## Task inputs
——

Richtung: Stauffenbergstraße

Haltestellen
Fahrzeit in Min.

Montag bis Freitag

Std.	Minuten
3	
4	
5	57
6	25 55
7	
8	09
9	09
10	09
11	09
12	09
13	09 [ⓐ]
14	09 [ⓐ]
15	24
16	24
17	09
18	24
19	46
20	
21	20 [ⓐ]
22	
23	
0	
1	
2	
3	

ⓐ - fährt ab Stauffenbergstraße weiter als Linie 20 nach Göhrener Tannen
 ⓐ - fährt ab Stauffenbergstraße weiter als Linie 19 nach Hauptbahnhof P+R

——

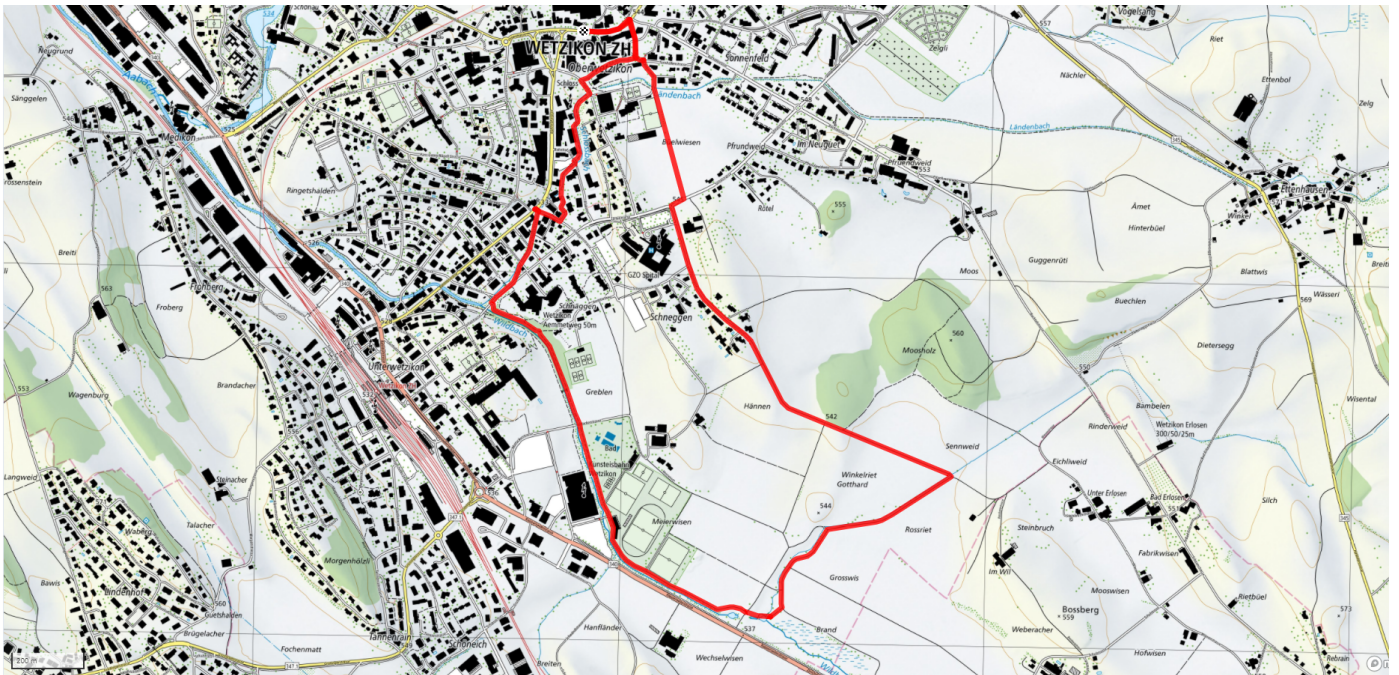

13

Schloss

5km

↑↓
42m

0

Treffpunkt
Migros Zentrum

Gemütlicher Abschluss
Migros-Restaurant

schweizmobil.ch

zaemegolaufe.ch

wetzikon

——

## Exercise goal
Where the listing above has a line with "Richtung: Stauffenbergstraße", start there, and output every line exactly through the line with "nach Hauptbahnhof P+R", which is also included.

## Solved problem
Richtung: Stauffenbergstraße

Haltestellen
Fahrzeit in Min.

Montag bis Freitag

Std.	Minuten
3	
4	
5	57
6	25 55
7	
8	09
9	09
10	09
11	09
12	09
13	09 [ⓐ]
14	09 [ⓐ]
15	24
16	24
17	09
18	24
19	46
20	
21	20 [ⓐ]
22	
23	
0	
1	
2	
3	

ⓐ - fährt ab Stauffenbergstraße weiter als Linie 20 nach Göhrener Tannen
 ⓐ - fährt ab Stauffenbergstraße weiter als Linie 19 nach Hauptbahnhof P+R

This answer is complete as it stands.